Все бывшие заключенные, кроме больного Коллетты, взялись за дело.
– Я смотрю, тебе удалось сохранить дисциплину, – заметил Римо, наблюдая за тем, как американцы и дети американских солдат ломают ветки, наваливают их в кучи и оттаскивают к танку.
Янгблад ухмыльнулся во весь рот.
– Знаешь, как это получилось? Когда умер последний офицер, моральное состояние у всех было ужасное. И тогда я решил не давать им спуску. Если я слышал, как кто-то из наших говорит по-вьетнамски, я бил его до тех пор, пока он не забывал последнее вьетнамское слово. Некоторое время мне пришлось обходиться с ребятами довольно круто. Я тянул их в одну сторону, а косоглазые – в другую.

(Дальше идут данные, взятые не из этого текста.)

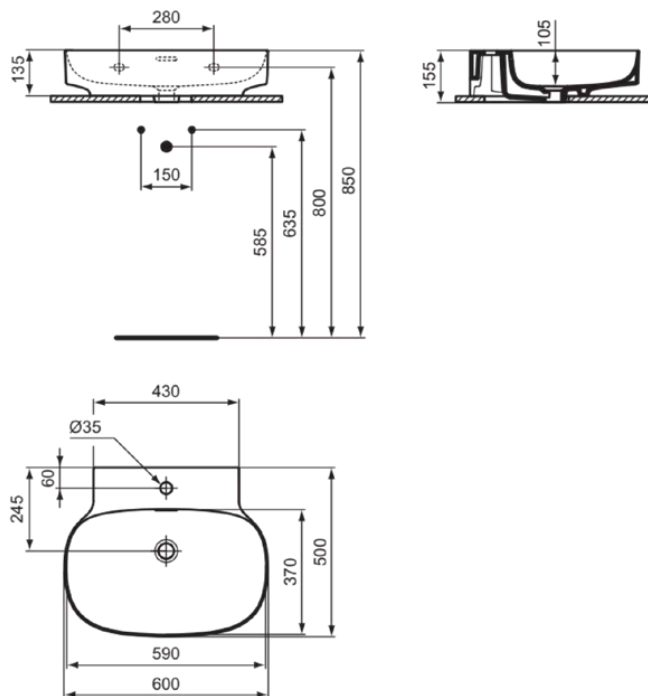

LINDA-X

T475501

LINDA-X | Waschtisch 600x500x155 mm in weiß glänzend, 1 Hahnloch, mit Überlauf | Diamatec

Bild & Zeichnung

Allgemeine Informationen

Produktkategorie:	Waschtische
Produktart:	Waschtisch
Marke:	Ideal Standard
Kollektion:	LINDA-X
Designer:	Palomba Serafini Associati
Colour:	01 - Weiß Glänzend
Oberflächenveredelung:	glänzend
Maximale Höhe (mm):	155
Maximale Breite (mm):	600
Ausladung (mm):	500
Nettogewicht (kg):	15.00
EAN Code:	8014140488095

Features

Produktstandards & Zertifikate

Normen:	EN 14688
Declaration of Performance classification (DoP):	CL25

Produktspezifikationen

Farbcode:	01
Farbbeschreibung:	weiß glänzend
Diamatec Technologie:	Ja
Geschliffene Unterseite:	Nein
Barrierefreies Produkt:	Nein
Mit Kettenöse:	Nein
Material:	Keramik
Materialspezifikation:	Diamatec
Anzahl von Hahnlöchern je Waschbecken:	1
Anzahl von Waschbecken:	1
Sichtbarer Überlauf:	Ja
PVD Technologie:	Nein
Ablagefläche:	Hinten
Oberflächenveredelung:	glänzend
Form des Überlaufs:	Geschlitzt
Mit Rückwand:	Nein
Mit Verschlussstopfen:	Nein
Mit Überlauf:	Ja
Mit Siphon:	Nein
Befestigungsmaterial im Lieferumfang enthalten:	Nein

LINDA-X

T475501

LINDA-X | Waschtisch 600x500x155 mm in weiß glänzend, 1 Hahnloch, mit Überlauf | Diamatec

Montageart: wandhängend

Empfohlene Ausschittschablone: TT0299731

Ihr Kontakt vor Ort:

België • Belgique
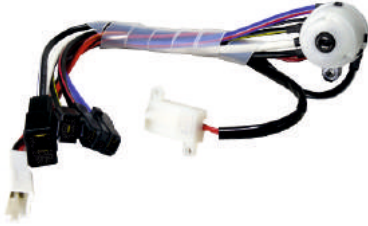

KA 1422 MAZDA 626
1988->1990
OEM NO : DA0166151

– Ну и что же из этого вышло?
– Все решили, что связываться со мной хуже, чем с косоглазыми. И тогда косоглазые начали вымещать все свое зло на мне, а не на ребятах. Но ничего, я справился. Они морили меня голодом, но сам видишь – ничего у них не вышло. Они засовывали меня в этот вонючий контейнер, а когда наконец выпускали, то я мило улыбался, глядя в их гнусные рожи, и благодарил за то, что меня подвезли.
– Ну, старина Янгблад, ты нисколько не изменился! – восхищенно заметил Римо.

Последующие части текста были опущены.